== TASK GOAL ==
Show every line from the data below that includes "Lots".

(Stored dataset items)
====================

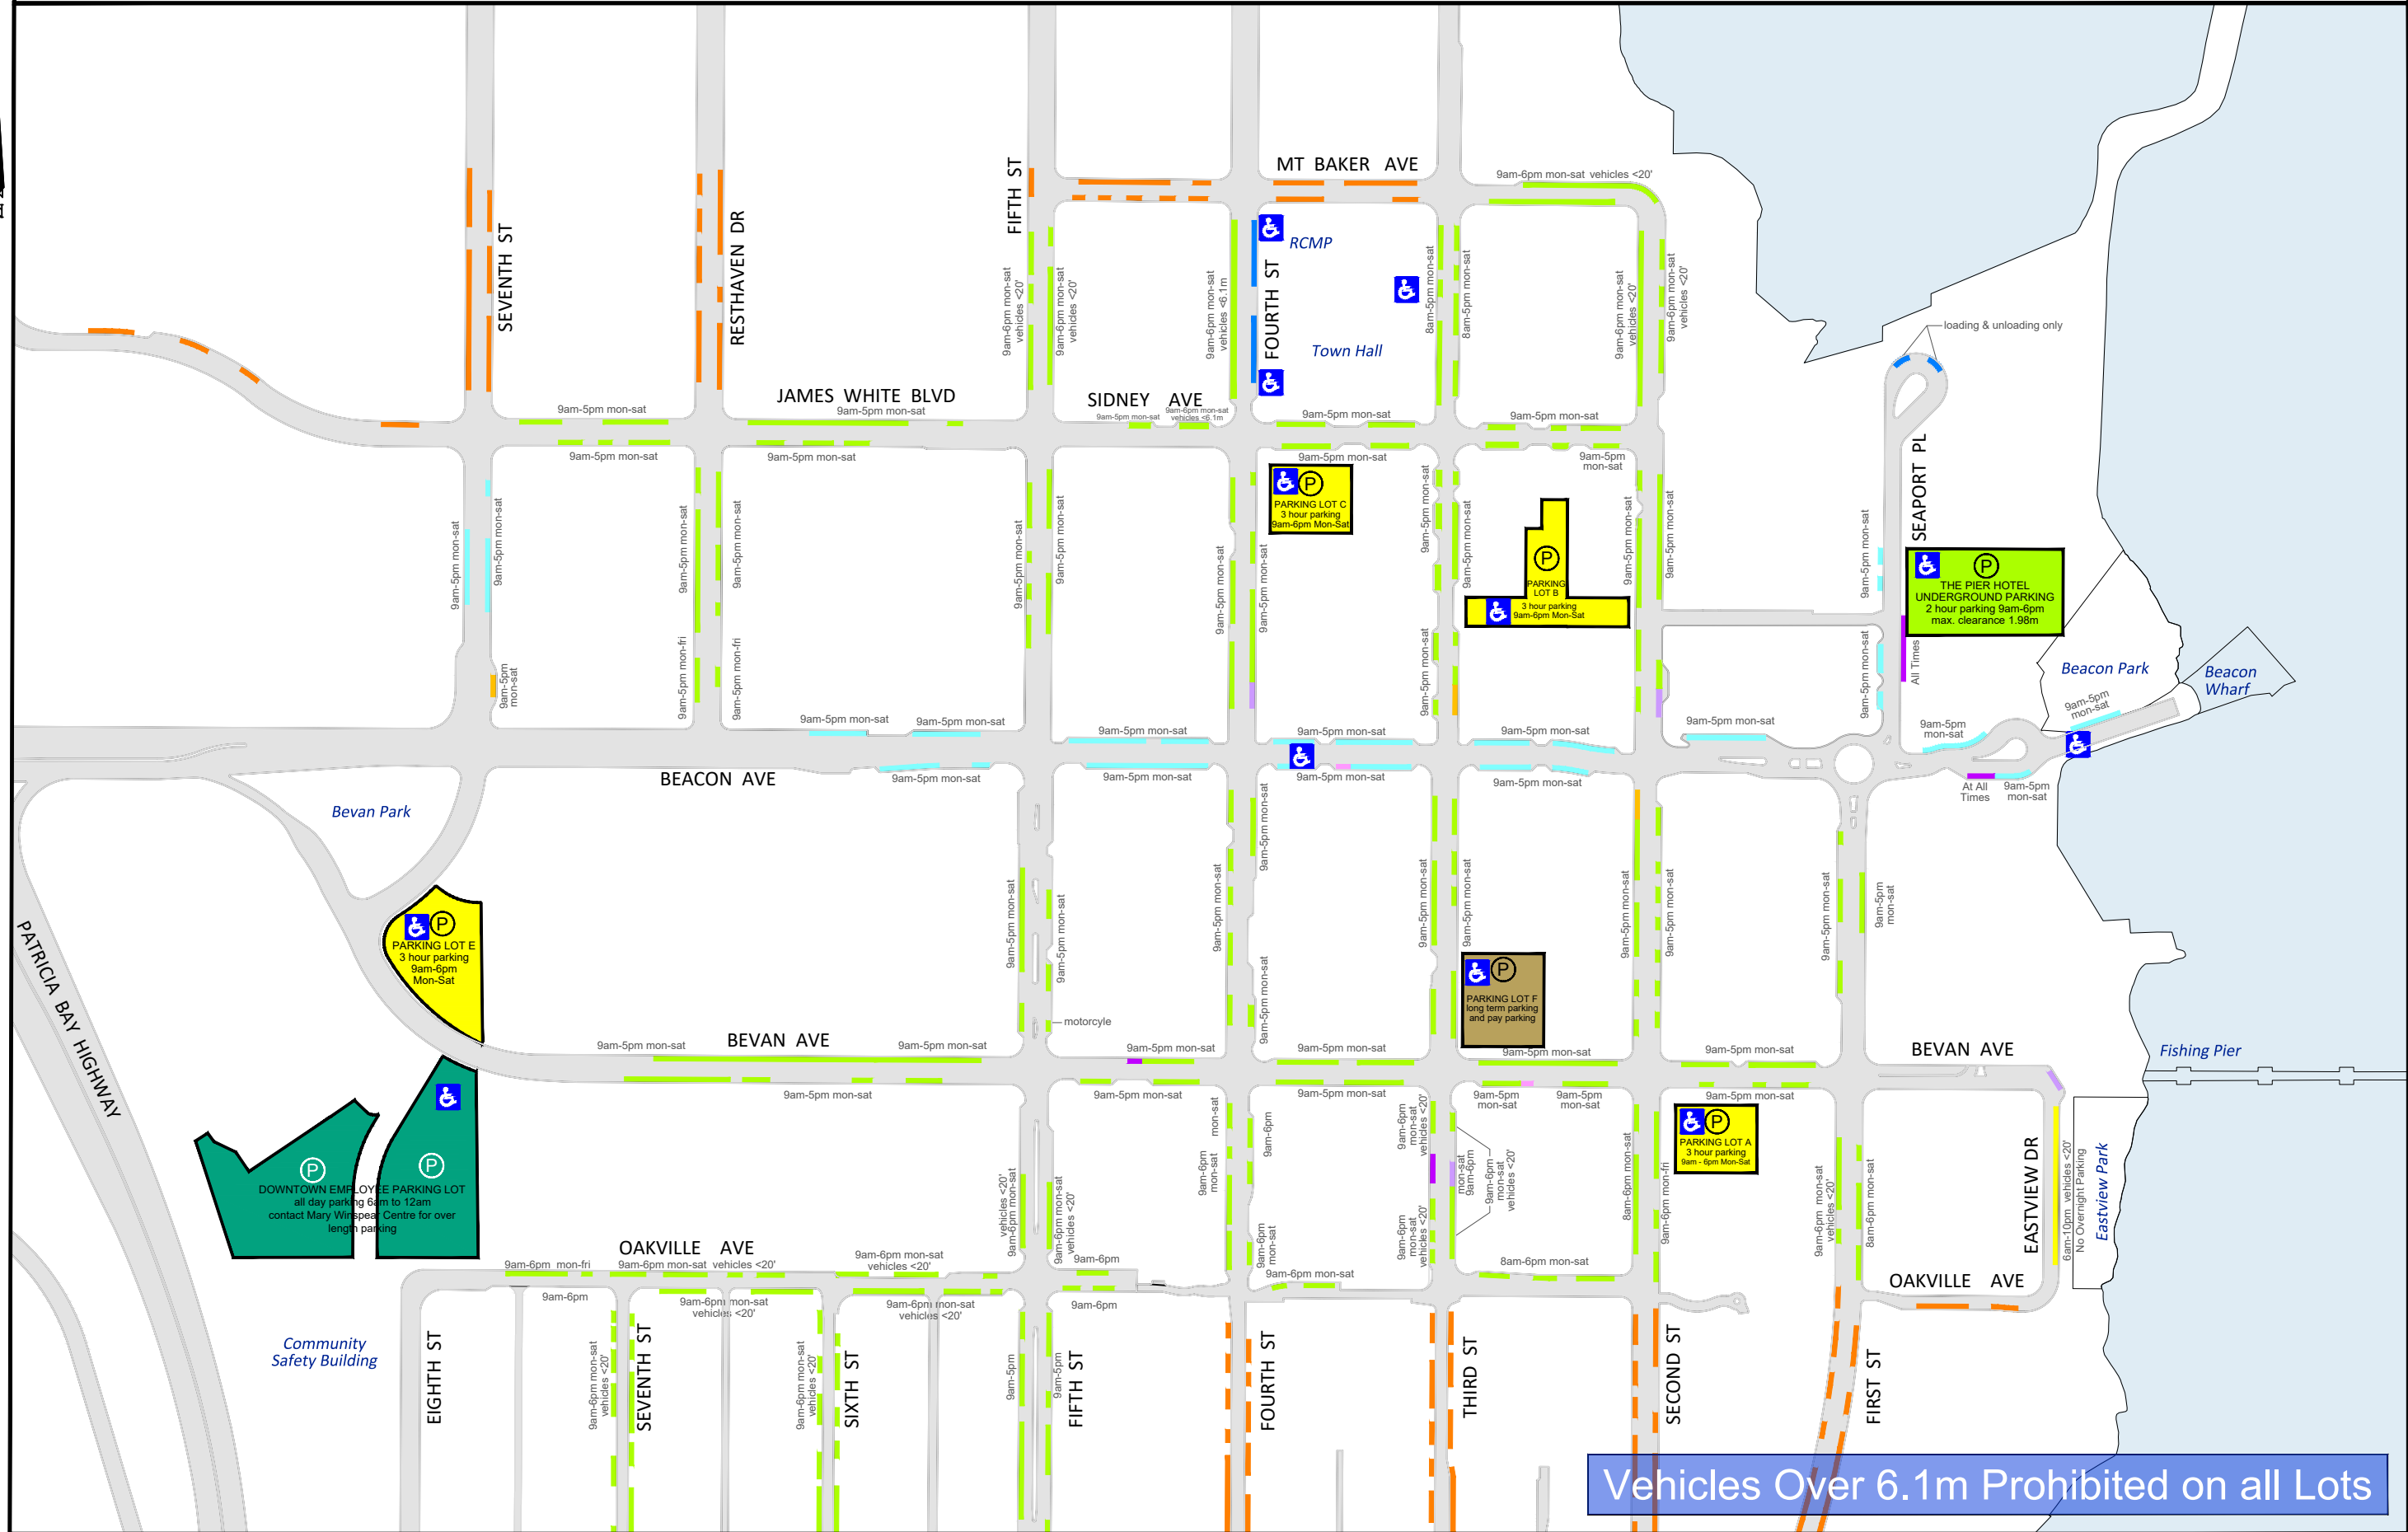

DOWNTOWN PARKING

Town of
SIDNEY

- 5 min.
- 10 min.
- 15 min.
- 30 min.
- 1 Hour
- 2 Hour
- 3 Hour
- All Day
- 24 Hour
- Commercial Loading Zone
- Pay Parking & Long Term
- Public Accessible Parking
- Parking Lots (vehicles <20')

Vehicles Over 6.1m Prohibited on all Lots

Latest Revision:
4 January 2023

====================

== SOLUTION BELOW ==
- Parking Lots (vehicles <20')
Vehicles Over 6.1m Prohibited on all Lots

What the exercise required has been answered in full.